The 303rd Military Intelligence Battalion is the U.S. Army’s most decorated MI battalion, and is part of the 504th Military Intelligence Brigade located at Fort Cavazos, Texas. The mission of the 303rd Military Intelligence Battalion, "Longhorns," is to, on order, conduct multi-disciplined intelligence collection, exploitation, and limited analysis operations in support of the commander's information requirements during worldwide contingency missions within assigned areas of a Division, Corps, or Joint Task Force area of operations.

== History ==
The 303rd Military Intelligence Battalion’s lineage dates back to World War II when the 3253rd Signal Service Company, 303rd’s parent unit, was organized on 12 April 1944 and activated on 25 April 1944. Its mission was to gain intelligence from the interception of radio communications between German forces opposing Allied operations in France. Commanded by Captain Emory L. Jones, the 3253rd trained until 8 June at Wincham Hall, Cheshire and then moved to quarters at Burton Bradstock, Dorset. The company supported the XV Corps (US), part of Patton's 3d Army, and saw action in France, Germany, and Austria.
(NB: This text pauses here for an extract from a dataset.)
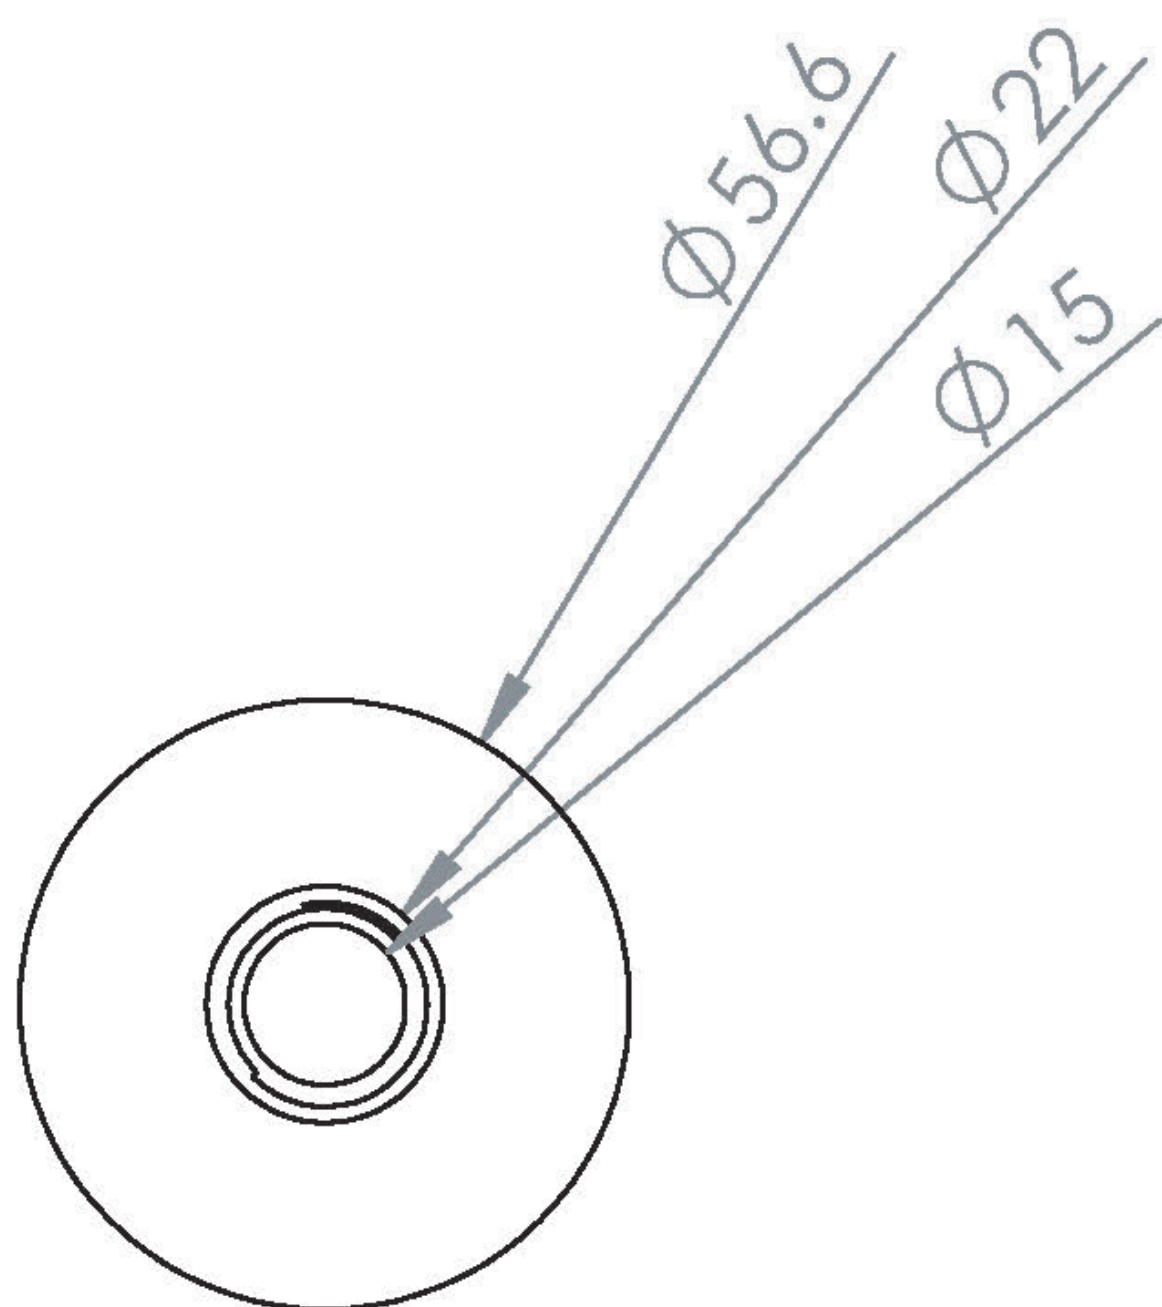

Saneux reserves the right to alter the specifications and product range without prior notice. Dimensions are given as a guide only. Dimensions should not be used for surrounding furniture, fixtures and fittings until the product is on site.

The 303rd Military Intelligence Battalion was first officially constituted as the 303rd Communications Reconnaissance Battalion. The Unit was activated on 25 September 1950 at Arlington Hall, Virginia, and consolidated on 17 July 1951 with the 540th Signal Service Company. The 303rd moved quickly deployed to the Korean War and joined with the 501st Communications Reconnaissance Group. The teamwork and intelligence collection gathered by the 303rd contributed tremendously toward the fulfillment of the United Nations campaign for world peace.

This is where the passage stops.